The lines to be extracted begin at the line containing "LWA107 - Correlator#" and end at the last line of the data below; copy them exactly and leave out the pictures.
+===+
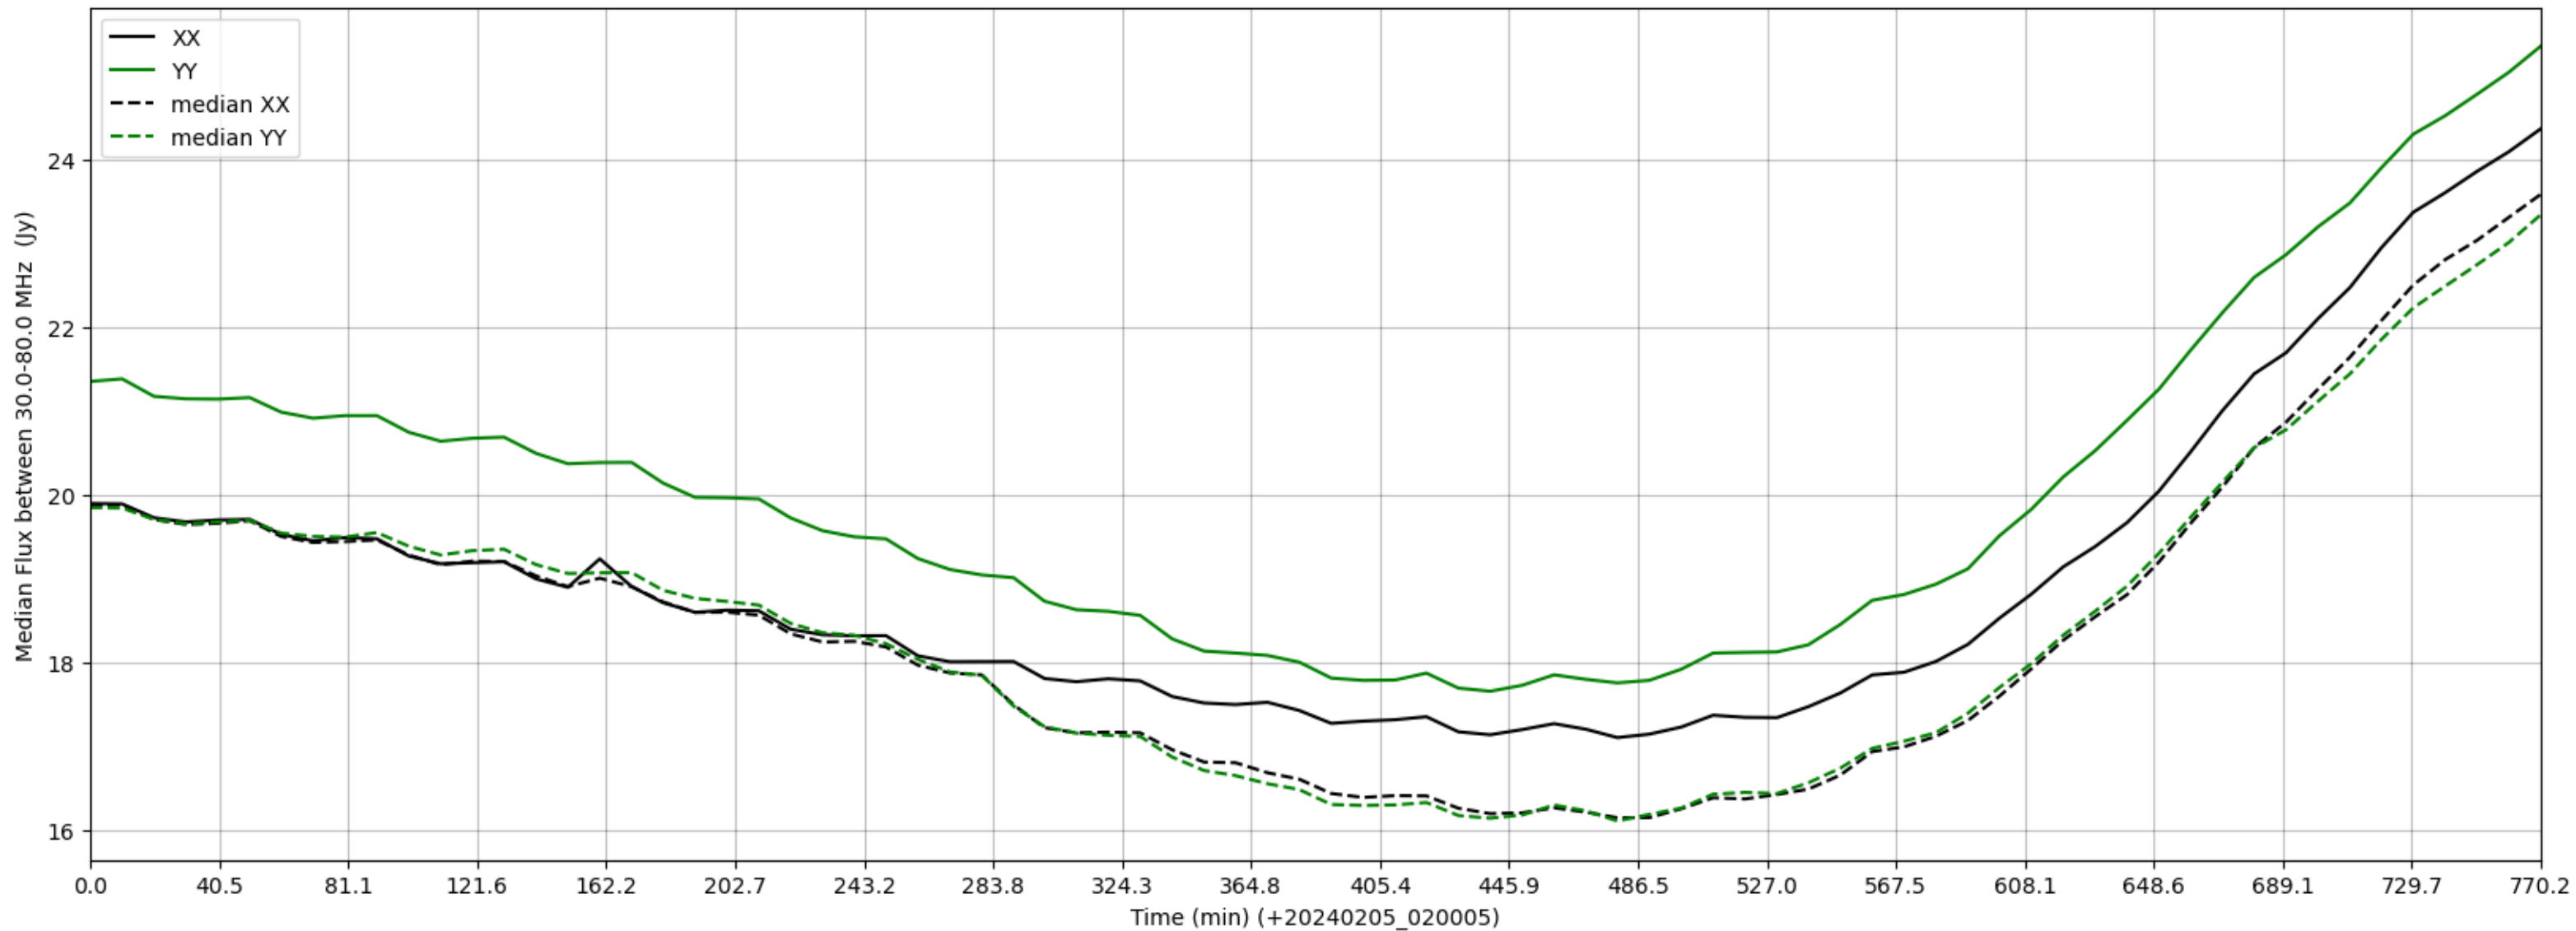

LWA081 - Correlator# 194 - XX FLAGS:Good - YY FLAGS:Good

LWA079 - Correlator# 195 - XX FLAGS:Good - YY FLAGS:Good

LWA108 - Correlator# 196 - XX FLAGS:Good - YY FLAGS:Good

LWA107 - Correlator# 197 - XX FLAGS:Good - YY FLAGS:Good
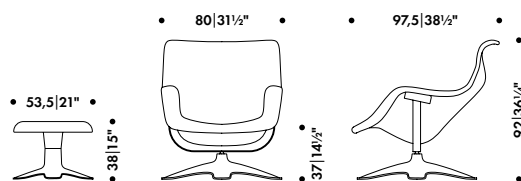

282 012 04

SEK* 15.160,00

White lacquered

282 012 02

SEK* 15.160,00

* Recommended retail price without VAT

KARUSELLI LOUNGE CHAIR & OTTOMAN

YRJÖ KUKKAPURO 1964
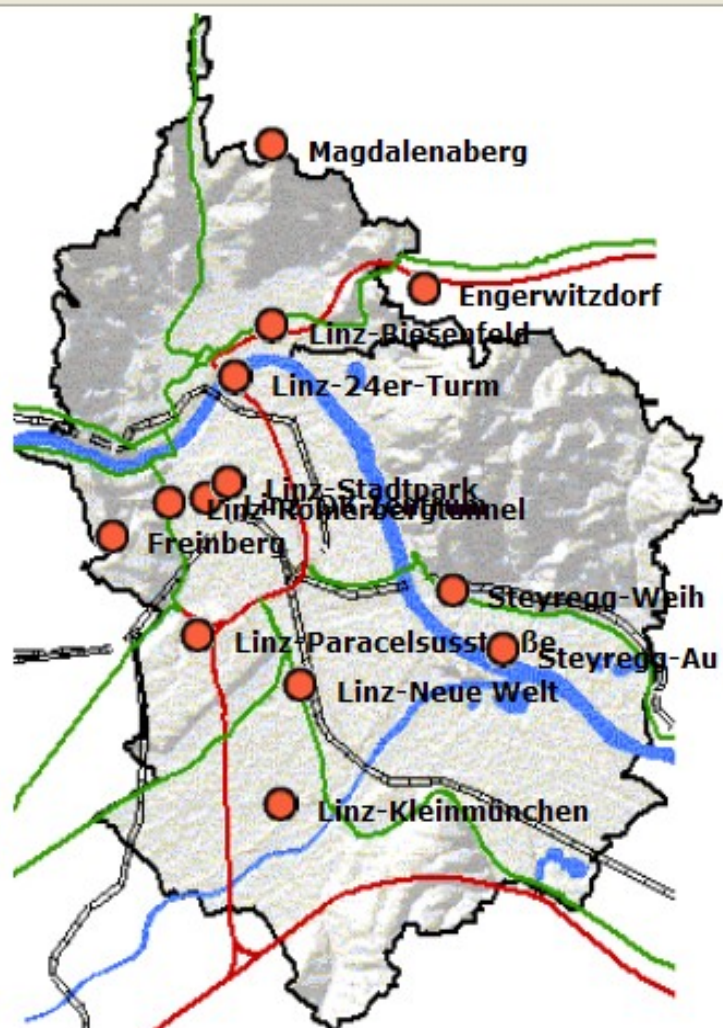

DEU_HTML.htm	
Fehlt: Linz-Bisenberg, Linz- Paracelsus
+===+
* WRITTEN RESPONSE *
LWA107 - Correlator# 197 - XX FLAGS:Good - YY FLAGS:Good

282 012 04

SEK* 15.160,00

White lacquered

282 012 02

SEK* 15.160,00

* Recommended retail price without VAT

KARUSELLI LOUNGE CHAIR & OTTOMAN

YRJÖ KUKKAPURO 1964

DEU_HTML.htm	
Fehlt: Linz-Bisenberg, Linz- Paracelsus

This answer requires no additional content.